PROVIDED DATA.
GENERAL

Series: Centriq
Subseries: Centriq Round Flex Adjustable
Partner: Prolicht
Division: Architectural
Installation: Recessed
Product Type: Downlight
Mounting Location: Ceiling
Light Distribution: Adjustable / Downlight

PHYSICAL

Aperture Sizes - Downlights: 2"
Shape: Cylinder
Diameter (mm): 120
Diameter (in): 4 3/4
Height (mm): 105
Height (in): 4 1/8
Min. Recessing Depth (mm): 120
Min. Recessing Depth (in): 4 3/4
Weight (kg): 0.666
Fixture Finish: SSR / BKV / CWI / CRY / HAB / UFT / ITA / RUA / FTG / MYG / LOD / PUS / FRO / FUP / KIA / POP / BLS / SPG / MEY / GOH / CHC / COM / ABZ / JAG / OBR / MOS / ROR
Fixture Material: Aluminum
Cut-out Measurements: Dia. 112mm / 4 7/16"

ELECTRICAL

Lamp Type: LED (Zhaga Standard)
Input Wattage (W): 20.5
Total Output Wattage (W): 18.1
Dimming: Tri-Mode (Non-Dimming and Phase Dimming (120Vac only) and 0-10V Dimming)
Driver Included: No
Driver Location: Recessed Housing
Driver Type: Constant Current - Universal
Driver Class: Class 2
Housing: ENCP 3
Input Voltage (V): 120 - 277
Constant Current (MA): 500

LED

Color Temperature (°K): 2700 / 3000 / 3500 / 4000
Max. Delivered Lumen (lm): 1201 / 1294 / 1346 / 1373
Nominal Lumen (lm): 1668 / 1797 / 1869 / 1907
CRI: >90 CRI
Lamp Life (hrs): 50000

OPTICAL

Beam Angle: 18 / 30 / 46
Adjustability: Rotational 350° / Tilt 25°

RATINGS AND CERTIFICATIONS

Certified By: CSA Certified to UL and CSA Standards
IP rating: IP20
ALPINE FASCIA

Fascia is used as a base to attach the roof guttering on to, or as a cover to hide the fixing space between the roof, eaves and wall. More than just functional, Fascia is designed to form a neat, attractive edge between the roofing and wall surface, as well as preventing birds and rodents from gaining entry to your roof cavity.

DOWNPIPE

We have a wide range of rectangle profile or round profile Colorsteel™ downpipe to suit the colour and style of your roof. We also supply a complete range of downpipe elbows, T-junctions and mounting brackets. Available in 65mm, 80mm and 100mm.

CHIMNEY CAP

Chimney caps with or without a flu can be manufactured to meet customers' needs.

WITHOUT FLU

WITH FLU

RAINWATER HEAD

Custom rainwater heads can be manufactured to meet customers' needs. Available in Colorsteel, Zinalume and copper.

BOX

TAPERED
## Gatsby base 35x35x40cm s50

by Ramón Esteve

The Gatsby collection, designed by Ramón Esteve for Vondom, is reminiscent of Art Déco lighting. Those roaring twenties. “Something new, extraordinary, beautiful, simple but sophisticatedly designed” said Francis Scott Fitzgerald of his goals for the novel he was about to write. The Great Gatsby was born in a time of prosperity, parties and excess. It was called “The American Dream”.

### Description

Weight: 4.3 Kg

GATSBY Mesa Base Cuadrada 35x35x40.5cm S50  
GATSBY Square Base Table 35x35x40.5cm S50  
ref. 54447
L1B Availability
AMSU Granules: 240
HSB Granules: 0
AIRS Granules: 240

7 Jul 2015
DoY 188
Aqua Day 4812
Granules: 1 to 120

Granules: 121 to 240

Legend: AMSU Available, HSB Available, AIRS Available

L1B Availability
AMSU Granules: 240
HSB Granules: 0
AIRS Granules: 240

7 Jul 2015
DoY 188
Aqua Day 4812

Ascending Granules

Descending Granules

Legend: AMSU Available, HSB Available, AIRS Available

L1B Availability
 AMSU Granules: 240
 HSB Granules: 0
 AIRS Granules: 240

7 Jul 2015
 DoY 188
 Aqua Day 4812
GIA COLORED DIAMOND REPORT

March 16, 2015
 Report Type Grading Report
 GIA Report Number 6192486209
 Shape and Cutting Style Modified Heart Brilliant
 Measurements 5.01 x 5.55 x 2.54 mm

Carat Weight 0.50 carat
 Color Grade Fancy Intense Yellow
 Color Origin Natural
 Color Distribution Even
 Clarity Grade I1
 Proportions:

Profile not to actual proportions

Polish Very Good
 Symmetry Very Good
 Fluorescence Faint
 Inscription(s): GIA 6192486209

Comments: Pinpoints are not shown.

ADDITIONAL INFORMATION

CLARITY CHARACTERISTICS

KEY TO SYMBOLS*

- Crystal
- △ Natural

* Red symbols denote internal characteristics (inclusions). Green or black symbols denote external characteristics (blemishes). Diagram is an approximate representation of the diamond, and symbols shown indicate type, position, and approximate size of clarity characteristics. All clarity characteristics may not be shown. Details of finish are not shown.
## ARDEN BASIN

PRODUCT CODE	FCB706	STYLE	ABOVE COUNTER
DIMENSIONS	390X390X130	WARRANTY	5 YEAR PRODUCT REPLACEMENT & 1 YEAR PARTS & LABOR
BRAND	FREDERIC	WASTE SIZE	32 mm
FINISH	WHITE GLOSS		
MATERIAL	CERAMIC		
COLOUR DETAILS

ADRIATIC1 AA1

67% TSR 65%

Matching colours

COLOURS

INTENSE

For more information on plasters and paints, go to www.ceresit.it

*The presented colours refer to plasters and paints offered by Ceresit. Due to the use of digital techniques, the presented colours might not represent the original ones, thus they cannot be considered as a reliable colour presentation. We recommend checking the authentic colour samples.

WHAT TO DO.
Transcribe the full listing exactly, omitting nothing.

SOLUTION.
GENERAL

Series: Centriq
Subseries: Centriq Round Flex Adjustable
Partner: Prolicht
Division: Architectural
Installation: Recessed
Product Type: Downlight
Mounting Location: Ceiling
Light Distribution: Adjustable / Downlight

PHYSICAL

Aperture Sizes - Downlights: 2"
Shape: Cylinder
Diameter (mm): 120
Diameter (in): 4 3/4
Height (mm): 105
Height (in): 4 1/8
Min. Recessing Depth (mm): 120
Min. Recessing Depth (in): 4 3/4
Weight (kg): 0.666
Fixture Finish: SSR / BKV / CWI / CRY / HAB / UFT / ITA / RUA / FTG / MYG / LOD / PUS / FRO / FUP / KIA / POP / BLS / SPG / MEY / GOH / CHC / COM / ABZ / JAG / OBR / MOS / ROR
Fixture Material: Aluminum
Cut-out Measurements: Dia. 112mm / 4 7/16"

ELECTRICAL

Lamp Type: LED (Zhaga Standard)
Input Wattage (W): 20.5
Total Output Wattage (W): 18.1
Dimming: Tri-Mode (Non-Dimming and Phase Dimming (120Vac only) and 0-10V Dimming)
Driver Included: No
Driver Location: Recessed Housing
Driver Type: Constant Current - Universal
Driver Class: Class 2
Housing: ENCP 3
Input Voltage (V): 120 - 277
Constant Current (MA): 500

LED

Color Temperature (°K): 2700 / 3000 / 3500 / 4000
Max. Delivered Lumen (lm): 1201 / 1294 / 1346 / 1373
Nominal Lumen (lm): 1668 / 1797 / 1869 / 1907
CRI: >90 CRI
Lamp Life (hrs): 50000

OPTICAL

Beam Angle: 18 / 30 / 46
Adjustability: Rotational 350° / Tilt 25°

RATINGS AND CERTIFICATIONS

Certified By: CSA Certified to UL and CSA Standards
IP rating: IP20
ALPINE FASCIA

Fascia is used as a base to attach the roof guttering on to, or as a cover to hide the fixing space between the roof, eaves and wall. More than just functional, Fascia is designed to form a neat, attractive edge between the roofing and wall surface, as well as preventing birds and rodents from gaining entry to your roof cavity.

DOWNPIPE

We have a wide range of rectangle profile or round profile Colorsteel™ downpipe to suit the colour and style of your roof. We also supply a complete range of downpipe elbows, T-junctions and mounting brackets. Available in 65mm, 80mm and 100mm.

CHIMNEY CAP

Chimney caps with or without a flu can be manufactured to meet customers' needs.

WITHOUT FLU

WITH FLU

RAINWATER HEAD

Custom rainwater heads can be manufactured to meet customers' needs. Available in Colorsteel, Zinalume and copper.

BOX

TAPERED
## Gatsby base 35x35x40cm s50

by Ramón Esteve

The Gatsby collection, designed by Ramón Esteve for Vondom, is reminiscent of Art Déco lighting. Those roaring twenties. “Something new, extraordinary, beautiful, simple but sophisticatedly designed” said Francis Scott Fitzgerald of his goals for the novel he was about to write. The Great Gatsby was born in a time of prosperity, parties and excess. It was called “The American Dream”.

### Description

Weight: 4.3 Kg

GATSBY Mesa Base Cuadrada 35x35x40.5cm S50  
GATSBY Square Base Table 35x35x40.5cm S50  
ref. 54447
L1B Availability
AMSU Granules: 240
HSB Granules: 0
AIRS Granules: 240

7 Jul 2015
DoY 188
Aqua Day 4812
Granules: 1 to 120

Granules: 121 to 240

Legend: AMSU Available, HSB Available, AIRS Available

L1B Availability
AMSU Granules: 240
HSB Granules: 0
AIRS Granules: 240

7 Jul 2015
DoY 188
Aqua Day 4812

Ascending Granules

Descending Granules

Legend: AMSU Available, HSB Available, AIRS Available

L1B Availability
 AMSU Granules: 240
 HSB Granules: 0
 AIRS Granules: 240

7 Jul 2015
 DoY 188
 Aqua Day 4812
GIA COLORED DIAMOND REPORT

March 16, 2015
 Report Type Grading Report
 GIA Report Number 6192486209
 Shape and Cutting Style Modified Heart Brilliant
 Measurements 5.01 x 5.55 x 2.54 mm

Carat Weight 0.50 carat
 Color Grade Fancy Intense Yellow
 Color Origin Natural
 Color Distribution Even
 Clarity Grade I1
 Proportions:

Profile not to actual proportions

Polish Very Good
 Symmetry Very Good
 Fluorescence Faint
 Inscription(s): GIA 6192486209

Comments: Pinpoints are not shown.

ADDITIONAL INFORMATION

CLARITY CHARACTERISTICS

KEY TO SYMBOLS*

- Crystal
- △ Natural

* Red symbols denote internal characteristics (inclusions). Green or black symbols denote external characteristics (blemishes). Diagram is an approximate representation of the diamond, and symbols shown indicate type, position, and approximate size of clarity characteristics. All clarity characteristics may not be shown. Details of finish are not shown.
## ARDEN BASIN

PRODUCT CODE	FCB706	STYLE	ABOVE COUNTER
DIMENSIONS	390X390X130	WARRANTY	5 YEAR PRODUCT REPLACEMENT & 1 YEAR PARTS & LABOR
BRAND	FREDERIC	WASTE SIZE	32 mm
FINISH	WHITE GLOSS		
MATERIAL	CERAMIC		
COLOUR DETAILS

ADRIATIC1 AA1

67% TSR 65%

Matching colours

COLOURS

INTENSE

For more information on plasters and paints, go to www.ceresit.it

*The presented colours refer to plasters and paints offered by Ceresit. Due to the use of digital techniques, the presented colours might not represent the original ones, thus they cannot be considered as a reliable colour presentation. We recommend checking the authentic colour samples.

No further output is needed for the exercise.